Total order intake, incorporating both UK and export orders (47%up,32%Same,21%down) falls just short of the peaks that were achieved in Quarter 2 in 2006 and Quarter 4 in 2010. UK orders (40%up,39%same,21%down) have improved on the previous two quarters but exports (37%up,44%same,19%down) have dipped slightly.


"The reason our engineering companies have been so successful," Dr Peter Hughes, Chief Executive of Scottish Engineering explained, "is down to the hard work companies have done in relation to business improvement programmes. Management, staff and unions have worked together, recognising the need to remain competitive, to bring about this transformation in working practices. They have become more efficient and competitive so that they are now reaping the rewards for several years of hard graft allowing them to win contracts successfully in world markets."

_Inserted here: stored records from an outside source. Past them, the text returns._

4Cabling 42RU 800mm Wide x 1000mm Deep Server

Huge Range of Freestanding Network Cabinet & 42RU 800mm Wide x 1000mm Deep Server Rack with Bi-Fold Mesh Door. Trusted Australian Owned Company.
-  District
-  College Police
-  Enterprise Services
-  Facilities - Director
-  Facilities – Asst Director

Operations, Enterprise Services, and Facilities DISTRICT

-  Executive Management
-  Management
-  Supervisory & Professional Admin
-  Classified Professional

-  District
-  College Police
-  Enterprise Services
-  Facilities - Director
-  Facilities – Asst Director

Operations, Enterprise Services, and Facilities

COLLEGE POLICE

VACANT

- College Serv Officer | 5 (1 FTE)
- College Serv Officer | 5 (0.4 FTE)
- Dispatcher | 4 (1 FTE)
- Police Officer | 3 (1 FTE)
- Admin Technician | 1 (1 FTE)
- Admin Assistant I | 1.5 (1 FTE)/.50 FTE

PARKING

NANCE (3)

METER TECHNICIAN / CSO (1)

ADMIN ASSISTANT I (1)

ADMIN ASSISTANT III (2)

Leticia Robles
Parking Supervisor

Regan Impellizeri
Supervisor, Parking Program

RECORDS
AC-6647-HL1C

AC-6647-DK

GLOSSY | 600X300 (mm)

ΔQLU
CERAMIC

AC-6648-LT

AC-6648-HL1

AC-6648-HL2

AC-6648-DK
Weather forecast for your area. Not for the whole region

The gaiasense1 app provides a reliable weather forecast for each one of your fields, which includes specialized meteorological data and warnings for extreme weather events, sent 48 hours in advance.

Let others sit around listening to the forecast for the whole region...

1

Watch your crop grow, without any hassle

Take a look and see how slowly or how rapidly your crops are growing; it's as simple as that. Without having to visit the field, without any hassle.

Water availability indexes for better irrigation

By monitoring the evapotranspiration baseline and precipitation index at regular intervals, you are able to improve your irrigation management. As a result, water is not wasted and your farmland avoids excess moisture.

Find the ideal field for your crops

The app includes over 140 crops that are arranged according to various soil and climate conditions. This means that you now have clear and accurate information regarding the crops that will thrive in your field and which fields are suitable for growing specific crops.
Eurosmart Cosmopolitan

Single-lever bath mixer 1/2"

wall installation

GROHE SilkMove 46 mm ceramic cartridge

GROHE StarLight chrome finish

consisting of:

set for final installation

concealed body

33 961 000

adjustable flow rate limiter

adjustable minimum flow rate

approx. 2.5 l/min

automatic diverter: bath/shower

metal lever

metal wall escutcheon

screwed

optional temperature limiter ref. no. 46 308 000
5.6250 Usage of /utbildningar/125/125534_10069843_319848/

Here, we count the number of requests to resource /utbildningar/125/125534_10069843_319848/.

One of the engineering disciplines that has turned itself round within a quarter is metal manufacturing which in the latest quarter has seen order intake (57%up,14%same,29%down) increase substantially in line with output volume (46%up,31%same,23%down) and staffing (43%up,43%same,14%down). This is then reflected in the level of optimism (43%up,28%same,29%down).


Throughout the industry the need for both training (30%up,60%Same,10%down) and capital investment (32%up,57%same,11%down) is recognised with both areas continuing to improve quarter on quarter.

One major continuing concern to Dr Hughes, recently confirmed by the Bank of England is the failure of the UK banking system to assist SMEs at an appropriate level.


"It is quite shocking how banks are continuing to treat engineering companies with bulging order books which are either being refused funding or are being offered it at such punitive rates as to make it unviable," he said.


On the same theme, at Scottish Engineering's recent Annual Dinner he asked some pointed questions about the working practices and efficacy of the Scottish Loan Fund which was launched earlier this year.

Commenting on the survey, Mark Dickinson, CEO of M&C Energy Group said: "It is wonderful to see the hard work of the Scottish engineering sector paying dividends in spite of the challenges surrounding business cost inflation. The continuing growth seen in this review underlines the importance of the sector to the Scottish economy. It is important that Scottish Engineering remains vigilant against global cost inflation, and relentlessly continues to manage its costs and processes to remain on this upward curve."